Before last year no one knew ripe bananas glow blue under ultraviolet light. Now the group which made the discovery have found when bananas ripen, little blue halos appear around dark spots on the peel. However, the exact reason for the blue glow is still a mystery.

Sadly the chemists did not chance across the luminescence while eating a banana under a sun bed. Instead, it came while they were looking for yellow compounds, as reported here, last year. Researchers from the University of Innsbruck, Austria and Columbia University, US, found the blue luminescence originates from fluorescent chlorophyll catabolites (FCCs), particularly one called Mc-FCC-53, which they indentified through a combination of high performance liquid chromatography, mass spectrometry and nuclear magnetic resonance. This latest banana breakthrough came after the team used fluorescence analysis to reveal that under UV light, the dead spots that appear on a banana’s skin are surrounded by intense bright blue halos.
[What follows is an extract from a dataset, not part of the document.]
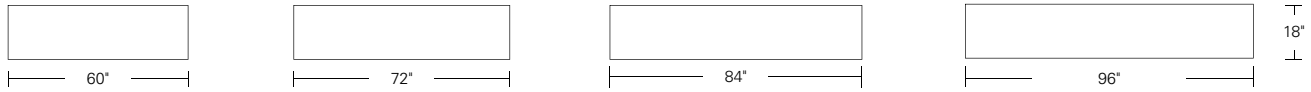

**OCTAVE SIDEBOARD**

**84W x 18D x 34H**

Shown in Walnut with optional Claro Walnut doors, Dark Bronze hardware and Medium Walnut base.

The Octave has a faceted facade featuring a rhythmic arrangement of tapered solid wood staves. Horizontal pulls notched into the doors create a striking visual counterpoint. Shown with Claro Walnut fronts to enhance the dramatic effect. Offered in a variety of subtle and exotic finishes.

FCCs are short-lived intermediates of chlorophyll degradation in many plants. However, FCCs in bananas differ from those in other plants by the presence of a propionate ester group, which serves to stabilise the compounds. Since FCCs seen in bananas seem to be specially modified for increased stability, they are assumed to have some beneficial function. The authors suggest the blue luminescence is a sign of cell death, since the halos materialise as the fruit changes from ripe to rotten.

The blue glow may serve to warn fruit-eating animals about the ripeness of the bananas. Many animals, including parrots, can observe a wider range of UV wavelengths than humans. Another possibility is that the FCCs delay the onset of rotting, or serve some other, as yet unknown, function.